Summary: Heterozygous insulin receptor (INSR) mutations cause type A insulin resistance (IR), associated with a phenotype of IR; hyperandrogenism, oligomenorrhoea and acanthosis nigricans in the absence of obesity or lipoatrophy. The phenotype is variable, ranging from neonatal hyperinsulinaemic hypoglycaemia to fasting or post-prandial hypoglycaemia in adults to diabetes. We report a 29-year-old woman presenting at 13 weeks gestation in her second pregnancy. Diabetes was diagnosed at 13-years-old following presentation with lethargy and polyuria and she was treated with metformin 500 mg po bd. She also had polycystic ovarian syndrome, hypothyroidism and epilepsy. Metformin was changed to insulin with good glycaemic control throughout pregnancy. She delivered a 3.95 kg male infant at 39 weeks gestation without neonatal hypoglycaemia. At 18 months post-partum, her body mass index was 26.3 kg/m2, with no evidence of acanthosis nigricans or features of lipodystrophy. As her sister was also diagnosed with diabetes at 13-years-old, next-generation sequencing was performed for known maturity onset diabetes of the young (MODY) genes and a p.(Met1180Lys) mutation in the INSR gene was detected.
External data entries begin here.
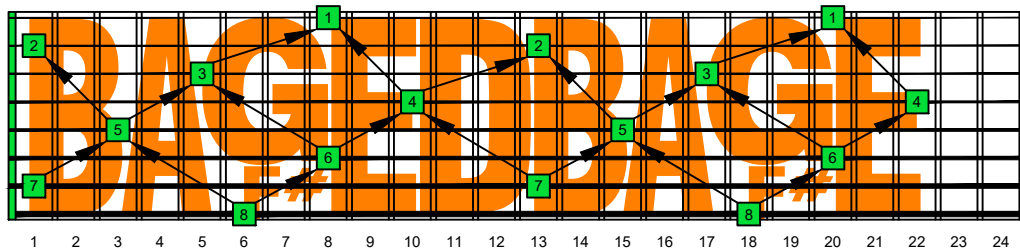

BAF#GED octaves (Meshuggah's 8-string guitar tuning : F B<sup>b</sup> E<sup>b</sup> A<sup>b</sup> D<sup>b</sup> G<sup>b</sup> B<sup>b</sup> E<sup>b</sup>) C natural - ENTIRE FINGERBOARD OCTAVE SHAPES

BAF#GED octaves (Meshuggah's 8-string guitar tuning) C major scale (ionian mode) ENTIRE FINGERBOARD INTERVALS : 8F#6E4E1 box shape (3nps)

BAF#GED octaves (Meshuggah's 8-string guitar tuning : F B<sup>b</sup> E<sup>b</sup> A<sup>b</sup> D<sup>b</sup> G<sup>b</sup> B<sup>b</sup> E<sup>b</sup>) C major scale (ionian mode) - ENTIRE FINGERBOARD INTERVALS

BAF#GED octaves (Meshuggah's 8-string guitar tuning) C major scale (ionian mode) ENTIRE FINGERBOARD INTERVALS : 6E4D2 box shape (3nps)

BAF#GED octaves (Meshuggah's 8-string guitar tuning) C major scale (ionian mode) ENTIRE FINGERBOARD INTERVALS : 7B5A3 box shape (3nps)

BAF#GED octaves (Meshuggah's 8-string guitar tuning) C major scale (ionian mode) ENTIRE FINGERBOARD INTERVALS : 7B5A3 box shape at 12 (3nps)

She reported nocturnal hypoglycaemia and a 5-h oral glucose tolerance test revealed post-prandial hyperinsulinaemic hypoglycaemia at 210 min. Her subsequent pregnancy was spontaneously treated with metformin 500 mg po od from 8 to 25 weeks gestation and discontinued due to intrauterine growth restriction. She delivered a 1.8 kg female infant at 34 plus 3 weeks gestation (25th centile) via elective caesarean section. The infant had transient neonatal hypoglycaemia for two days. Post-partum, she remains diet controlled, with a haemoglobin A1c of 32 mmol/mol. This case highlights the importance of genetic testing to establish optimal diabetes treatment.
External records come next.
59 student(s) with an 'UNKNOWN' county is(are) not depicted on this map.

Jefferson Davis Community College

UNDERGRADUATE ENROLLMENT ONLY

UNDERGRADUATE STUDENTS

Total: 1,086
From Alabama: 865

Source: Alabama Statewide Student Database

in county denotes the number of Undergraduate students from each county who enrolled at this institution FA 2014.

Learning points: This case highlights the less severe phenotype of IR in a subject with an INSR p.Met1180Lys mutation. It demonstrates the existence of symptomatic post-prandial hypoglycaemia in an adult subject associated with hyperinsulinaemia. This case highlights the importance of genetic testing to establish diagnosis and allows for precision medicine. The role of metformin use in Type A-IR and pregnancy needs to be established.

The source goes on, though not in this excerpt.